When I met Jamie in 1985, the third time we met, we talked about death, of its various forms, and of the ways in which people of African descent have been on intimate terms with forms and varieties of death in the death-dodging, death-denying and death-ducking of modern civilizations, USA. Slavery itself, dreaded social death; Jim Crow, civic death; how to hate oneself, psychic death; wrestling with one’s no-body-ness, spiritual death; the death in one that must be confronted in order for any kind of freedom to flow therefrom. Echoes of Seneca: he or she who learns how to die unlearns slavery. Or even Socrates, philosophy itself, mediation on and preparation for death.

It’s important that we recognize in the life and work of Brother Jamie that he represents a new breed of black intellectual produced by a culture on the underside of modernity. And by “new breed,” what I mean is that, given his energy and the quality of his mind, he was willing to no longer confine himself to the Afro-American terrain, but rather to try to redefine the whole in light of his understanding of that terrain. When we look to his work, we see Jamie as a symbol of a new generation of black intellectuals: self-confident, no longer anxiety-ridden, no longer looking for approval and legitimacy in the eyes of their white peers, willing to flex their intellectual muscles and move in whatever directions and trajectories they choose. It was a very new movement in black intellectual life.

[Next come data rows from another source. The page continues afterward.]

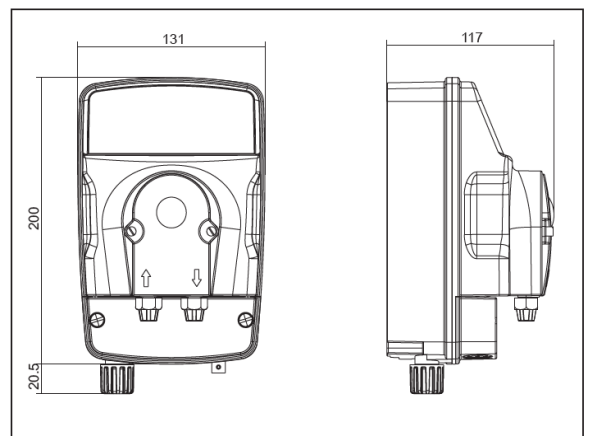

Régulateur de Rx

SERENITY

«Sophistiquée et adaptable, une pompe doseuse offrant un niveau de fiabilité et un confort d'utilisation supérieurs»

Caractéristiques:

Général:

- Mode de dosage proportionnel
- Débit 3 l/h @ 1,5 bar max
- Taille de Bassin : Jusqu'à 100 m³
- Reversible Rx / pH
- Plage mesure Rx : -300 à +900 mV
- Affichage : bleu/blanc 16 chiffres
- Lecture avec libellés clairs et précis
- Multilingue : FR / EN / IT / ES / DE
- Livrée avec kit complet
- Garantie 2 ans

Overall Dimensions

RACER[®]

LA RÉFÉRENCE ÉQUIPEMENT DE PISCINES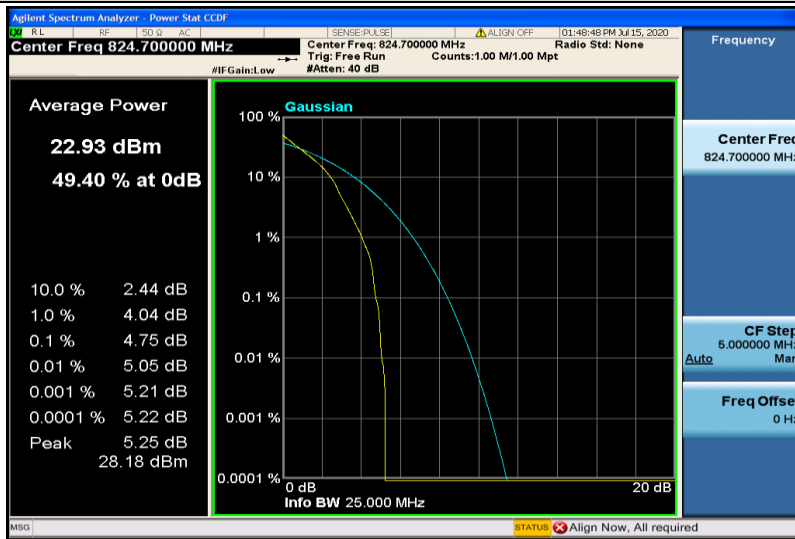

Band25-20MHz-16QAM-26590-100RB#0

Band26-1.4MHz-QPSK-26797-1RB#0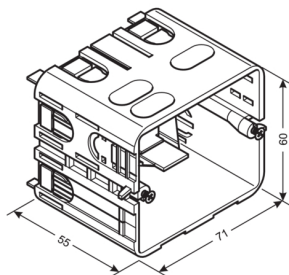

L6719SCHW

Přístrojová krabice pro parapet. kan., černá 60x71x55

Technický list

Provedení

typ upevnění šroubovatelný

Konfigurace

provedení krabice zavřeno

modulární 1-nás.

Kompatibilita

kompatibilita produktů Für C-Profil Geräteeinbausysteme

kompatibilní s formátem vestavných zásuvek Standard 60mm

Materiály

barva černá

materiál Polyamid (PA)

Skupina materiálů Plast

typ povrchové úpravy neléčený

Rozměry

Hloubka 55 mm

délka 71 mm

Šířka 60 mm

Instalace, montáž

Druh montáže instalačního přístroje Zaklapnutí

Zařízení

Počet jednotek 1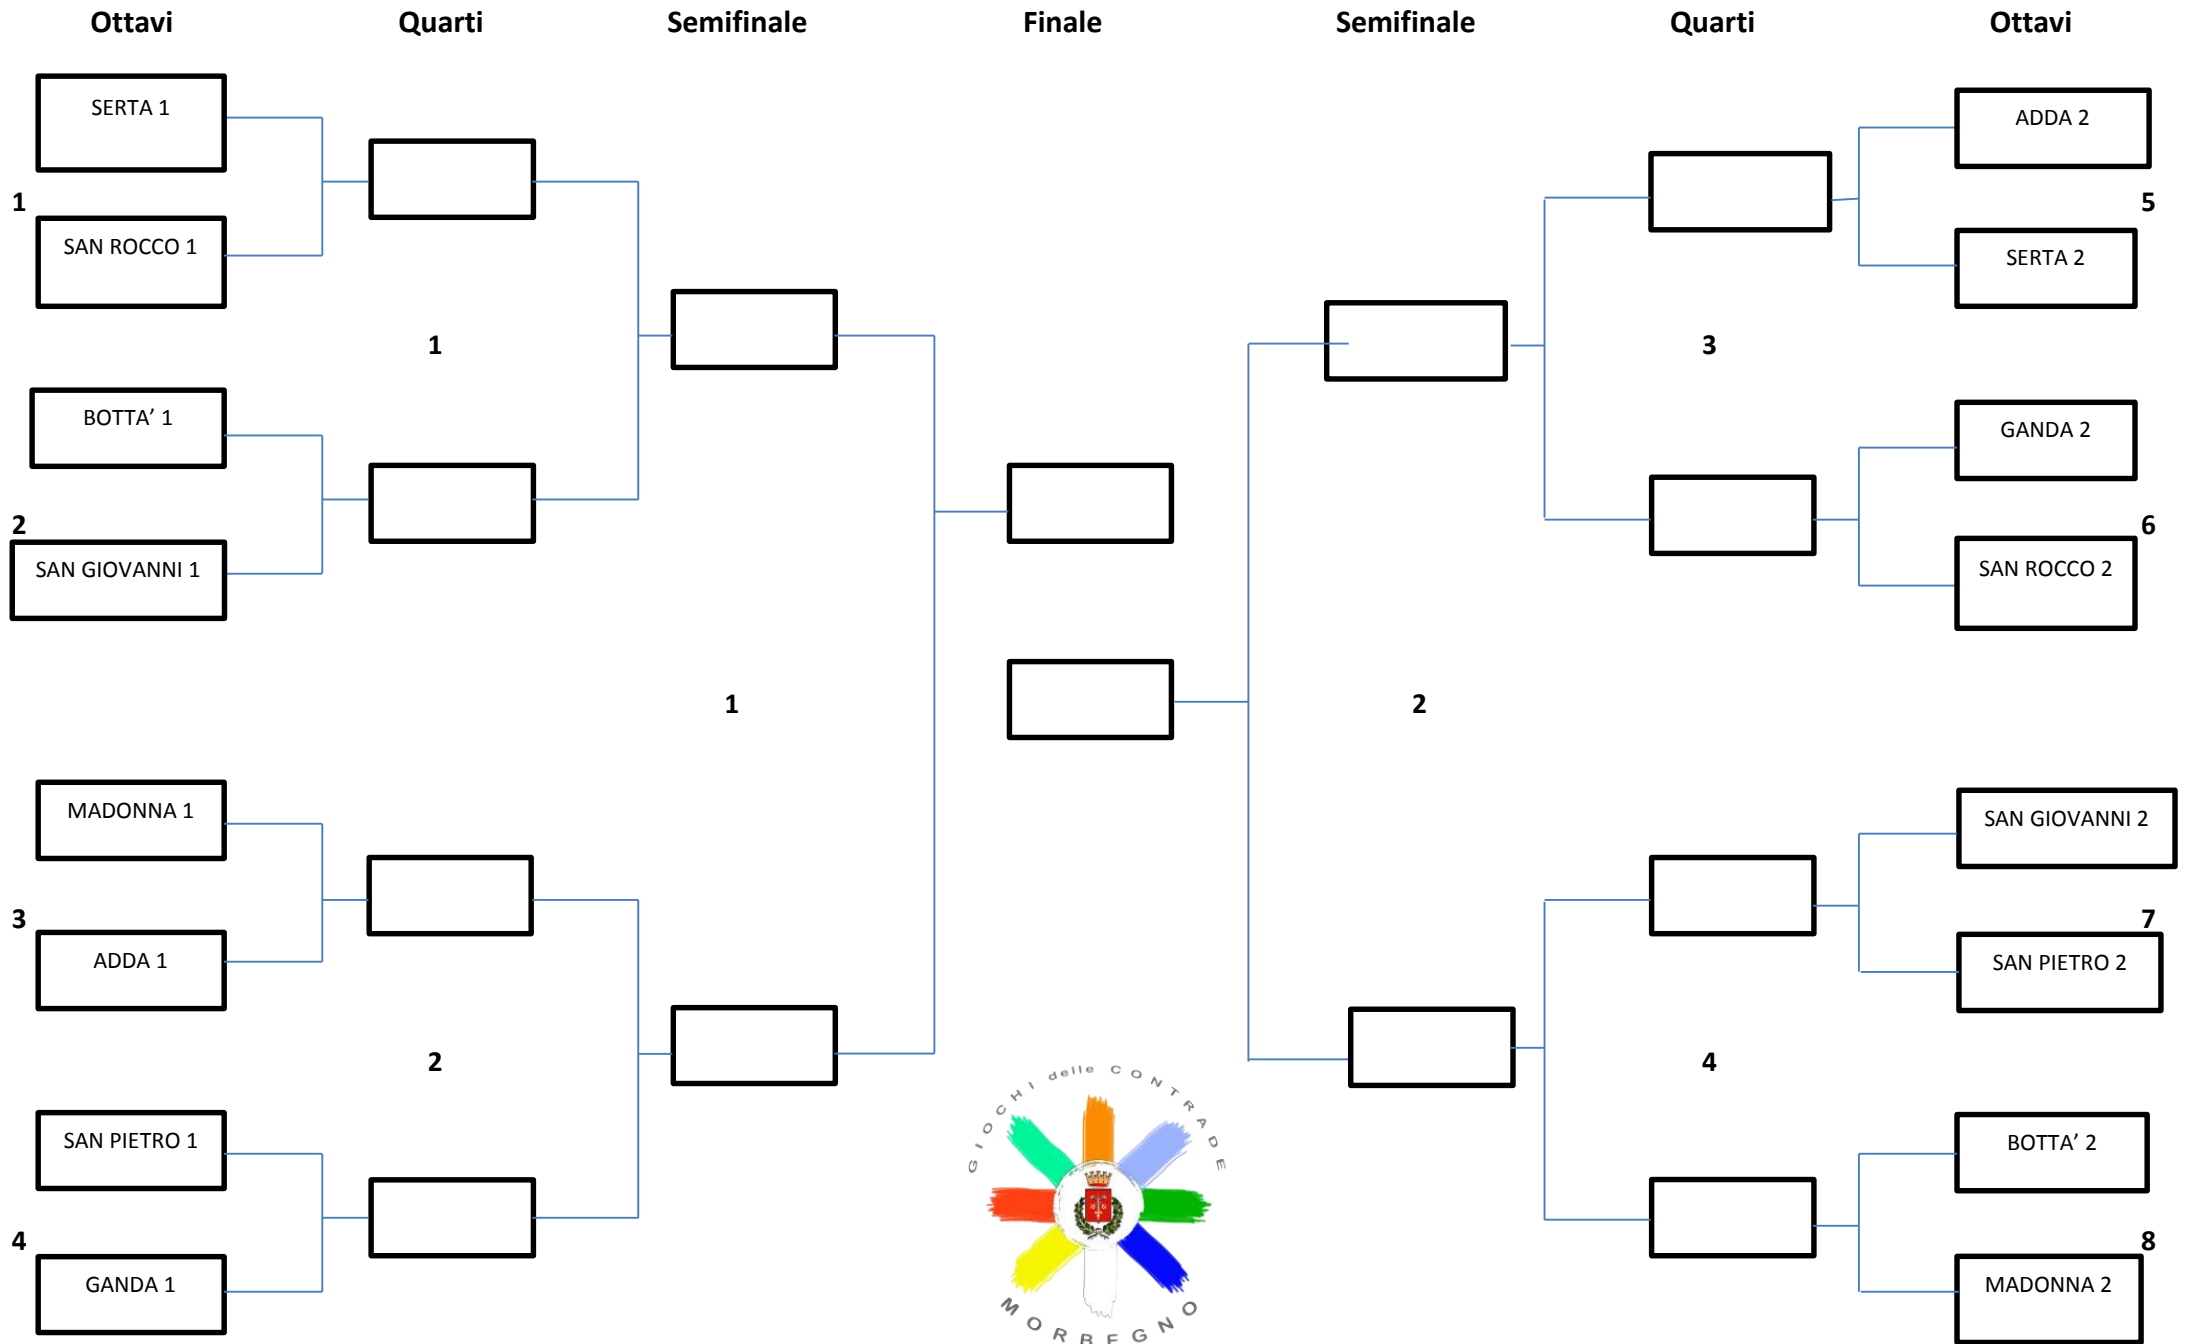

QUARTO 4 (BAR K2):

SEMIFINALE 1 (BAR PIZZO BADILE):

SEMIFINALE 2 (BAR PICK UP):

FINALE 3°-4° (BAR PIZZO BADILE):

FINALE 1°-2° (BAR PICK UP):

6 – TORNEI DI CARTE → BRISCOLA

Jamie Snead, in some ways, is the last moment of a humanist tradition that’s mediated through a concern for suffering associated with Jerusalem. This has to be understood within this context of his Christian faith. It may have been closeted, but it was very real. Still, he never allowed it to be a blinder. He never allowed it to be a set of dogmas and doctrine such that he could not be eclectic and open to Marxism, structuralism, poststructuralism, feminism, anti-homophobic thought, and so forth. But he still knew who he was.

Why? Because he had to preserve his particular sense of himself as a person with intellectual integrity. That’s the best of the Socratic tradition. The irony is that it’s so rare that people will not connect the flat-nosed, big-lipped, huge-necked, pot-bellied, barefoot Socrates with a black intellectual, as if somehow it’s distant, as if they don’t belong together. And Jamie Snead says, I’m trying to take this Socratic vocation seriously. And I see it in Erasmus, I see it in Lichtenberg, I see it in Swift, I saw it in James Baldwin. I can read Matthew Arnold and keep track of synoptic vision and synecdochic orientation without being duped by an imperialist sensibility and still learn something. The dialectical orientation. And, of course, in the mainstream of the academy, all they’re concerned about for the most part is how many negroes we got on the roster.

The three things denied in American Pollyannaish sentimental culture and hotel civilization: denial of time, denial of the body, denial of death. Black folk put it right at the center; all we have is our bodies. We stylize our bodies in space and time because we don’t control anything else. Jamie Snead came out of this tradition, but in the most cosmopolitan sense. He was not just a young, highly smart, and clever professor who taught up until 1989 —the issues, the questions, the problematic that he wrestled with have repercussions and ramifications for each and every one of us on every corner of the globe. That’s a challenge to us, but I also hope it’s wind at our back, because I know it is for me.